The hypothesis that compares to a control group
If one of your groups is a control or placebo, AND you want only to compare each treatment to the control, this is what the hypothesis looks like, assuming that the control is group #1.
There’s a procedure for this, Dunnett’s test. It involves only three comparisons if you have four groups total, and only nine comparisons if you have ten groups total. You can quickly identify which treatments are different than the control. This also gives you simplicity and a bit of extra power and precision.
Dunnett’s test is easy to implement. Calculate the traditional measures in analysis of variance, including mean squared error (MSE). You can skip the F Test that you see in most ANOVA tables. It won’t hurt your overall alpha level, as long as you only look at each treatment versus the control.
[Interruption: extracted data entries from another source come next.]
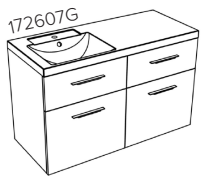

Rivali

MODEL NUMBER

DESCRIPTION

W x D x H

WEIGHT

Pricing includes Basin

172626	Basin unit W60 - 3 drawers	23 ⁵ / ₈ " x 20 ¹ / ₂ " x 29 ¹ / ₂ "	45kgs
172600	Basin unit W75 - 3 drawers	29 ¹ / ₂ " x 20 ¹ / ₂ " x 29 ¹ / ₂ "	50kgs
172601	Basin unit W100 - 3 drawers	57 ¹ / ₄ " x 22 ⁵ / ₈ " x 24 ³ / ₄ "	80kgs

172624	Basin unit W60 - 1 drawer - 1 door Please specify RH/LH door hinging.	23 ⁵ / ₈ " x 20 ¹ / ₂ " x 29 ¹ / ₂ "	45kgs
---------------	--	--	-------

172602 (door right)	Basin unit W100 3 drawers, 1 door on right or left side	39 ³ / ₈ " x 20 ¹ / ₂ " x 29 ¹ / ₂ "	80kgs
172603 (door left)			
172604	Basin unit W100 - 1 drawer, 2 doors	39 ³ / ₈ " x 20 ¹ / ₂ " x 29 ¹ / ₂ "	80kgs

1726051DBL	Double basin unit W120 4 drawers, 1 door on right Double basin		
172605G	Basin unit W120 4 drawers, 1 door on right Left side basin		
172605D	Basin unit W120 4 drawers, 1 door on right Right side basin		

172606DBL	Double basin unit W120 4 drawers, 1 door on left Double basin	47 ¹ / ₄ " x 20 ¹ / ₂ " x 29 ¹ / ₂ "	90kgs
172606G	Basin unit W120 4 drawers, 1 door on left Left side basin		
172606D	Basin unit W120 4 drawers, 1 door on left Right side basin		
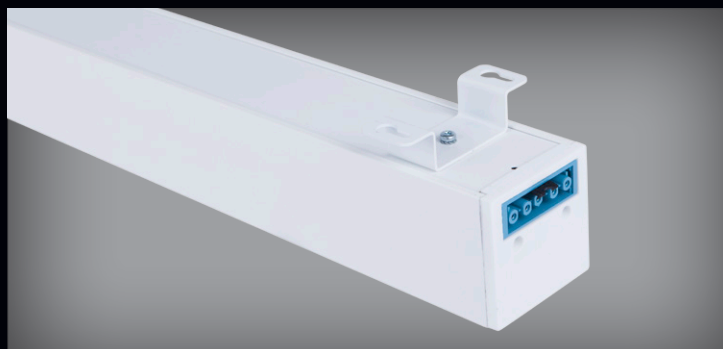

LIGHTING THE WAY – FOR MORE THAN 70 YEARS

 **LIVAL**

Glare free
NANO-X Linear LED

- 
- Designed for different purposes
 - Offices – Retail – Commercial & Public spaces
 - Lightweighted – Affordable
 - Particular attention is paid to the issue of energy efficiency and anti-glare UGR<19
 - **Flicker free**

NANO-X LINEAR

 **LIVAL** GROUP

Made in Finland • www.lival.com

Range from 800 to 2400mm

QUICK MOUNTING • QUICK EXTENSION • EXTENSION SOCKET

Chainable with fast couplings DALI

ON/OFF

NANO-X	Length (A)	Width (B)	Height (C)
800 mm	812 mm	70 mm	69 mm
1200 mm	1212 mm	70 mm	69 mm
2400 mm	2412 mm	70 mm	69 mm
1200 mm telescope	1750 mm	70 mm	69 mm
2400 mm telescope	2950 mm	70 mm	69 mm

Glare reducer

Photometrics & performance

Opal diffuser

Microprismatic

Nano double asymmetric

OPAL
General lighting

Microprismatic
Glare Free (UGR<19)

Nano Double Asymmetric
Lighting of merchandise shelves

MULTIFUNCTIONAL ENERGY EFFICIENT

MOUNTING OPTIONS

Wire up to 5000 mm

Rail bracket

1-2 adapter fixed

Ceiling bracket

GLARE REDUCER

Anti-Glare Louver

Simply compare each treatment mean minus the control mean to a cutoff value using percentiles from a special table for Dunnett’s test. The critical value for Dunnett’s test depends on alpha (the desired Type I error rate for a two-sided test), g (the number of groups including the control group) and n (the number of data points in each group). Note that some tables define g as the number of groups excluding the control group.
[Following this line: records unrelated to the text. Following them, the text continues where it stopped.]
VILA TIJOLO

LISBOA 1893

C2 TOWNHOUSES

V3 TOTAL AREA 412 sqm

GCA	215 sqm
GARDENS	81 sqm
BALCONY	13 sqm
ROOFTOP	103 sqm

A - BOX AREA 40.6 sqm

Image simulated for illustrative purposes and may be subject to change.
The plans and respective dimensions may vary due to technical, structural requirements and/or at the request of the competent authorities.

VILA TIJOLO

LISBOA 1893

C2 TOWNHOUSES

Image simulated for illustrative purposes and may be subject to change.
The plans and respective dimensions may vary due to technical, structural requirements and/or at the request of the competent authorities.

Most statistical software packages will include Dunnett’s test as an option for ANOVA. Just remember that you don’t need to use the initial F test as a screen before jumping into Dunnett’s test.
An Example of Dunnett’s Test
Let’s look at an example* in an experiment examining the effect of different disinfection protocols on a piece of dental equipment, orthodontic elastormeric ligatures (think braces). In this experiment, 120 ligatures were divided into 6 groups of 20. Each group received a different disinfection protocol, with the exception of the first group, which received no disinfection. This group served as a control group.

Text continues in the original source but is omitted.